Poprzednie rywalizacje
Kolejny raz odświeżamy historię, którą dopiero niedawno przerabialiśmy. Lech miesiąc temu odczarował nieprzyjazny teren, jakim była Belgia. Z drugiej strony trzeba przyznać, że u siebie w ostatnich meczach nie było dużo lepiej. Z Belgami wygrały Legia, Śląsk, a wcześniej także Lech, jednak niepokojąco dużo było już dwumeczów z dwiema porażkami.

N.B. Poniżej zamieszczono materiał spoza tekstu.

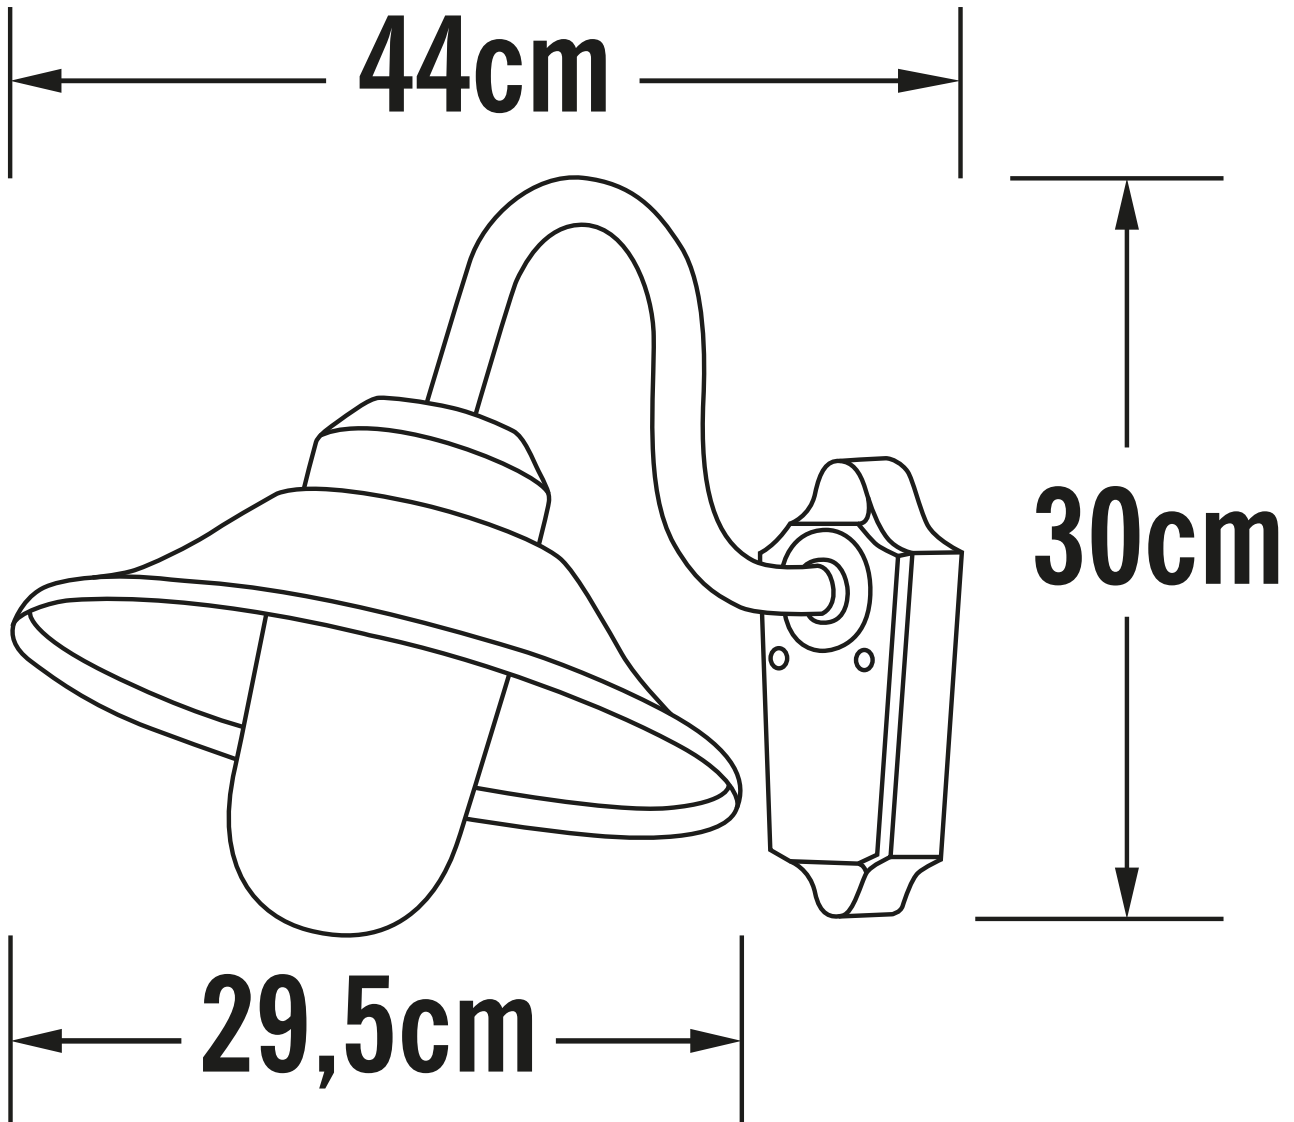

Konstsmide - Vega - 556-320 - Galvanized Zinc IP44 Outdoor Wall Light

CONTACT

1968/69 | II runda PMT | KSV Waregem | Legia Warszawa | 1:0, 0:2 |
1970/71 | 1/8 finału PM | Standard Liège | Legia Warszawa | 1:0, 0:2 |
1975/76 | II runda PUEFA | Śląsk Wrocław | Royal Antwerp | 1:1, 2:1 |
1976/77 | II runda PUEFA | Wisła Kraków | Molenbeek | 1:1, 1:1, karne 4:5 |
1978/79 | I runda PM | Club Brugge | Wisła Kraków | 2:1, 1:3 |
1981/82 | I runda PM | Widzew Łódź | Anderlecht | 1:4, 1:2 |
1982/83 | I runda PUEFA | Stal Mielec | Lokeren | 1:1, 0:0 |
1986/87 | I runda PM | Anderlecht | Górnik Zabrze | 2:0, 1:1 |
1991/92 | II runda PZP | GKS Katowice | Club Brugge | 0:1, 0:3 |
2003/04 | III runda el. LM | Anderlecht | Wisła Kraków | 3:1, 1:0 |
2009/10 | IV runda el. LE | Lech Poznań | Club Brugge | 1:0, 0:1, karne 3:4 |
2011/12 | 1/16 finału LE | Wisła Kraków | Standard Liège | 1:1, 0:0 |
2013/14 | III runda el. LE | Śląsk Wrocław | Club Brugge | 1:0, 3:3 |
2014/15 | II runda el. LE | Zulte Waregem | Zawisza Bydgoszcz | 2:1, 3:1 |
2014/15 | Faza grupowa LE | Legia Warszawa | Lokeren | 1:0, 0:1 |
2015/16 | Faza grupowa LE | Legia Warszawa | Club Brugge | 1:1, 0:1 |
2018/19 | III runda el. LE | Jagiellonia Białystok | KAA Gent | 0:1, 1:3 |
2018/19 | III runda el. LE | KRC Genk | Lech Poznań | 2:0, 2:1 |
2020/21 | IV runda el. LE | Charleroi | Lech Poznań | 1:2 |
Akurat nie porażkami, a remisami skończyły się ostatnie mecze ze Standardem. Wisła miała nieco pod górkę, z powodu błędów Gervasio Nuñeza musiała dwa razy grać w dziesięciu. U siebie zagrała jeszcze na tyle odważnie, że udało się odrobić straty, jednak na wyjeździe już nie była w stanie przebić się przez zasieki rywala, który całkowicie zabił mecz i skutecznie zagrał na 0:0.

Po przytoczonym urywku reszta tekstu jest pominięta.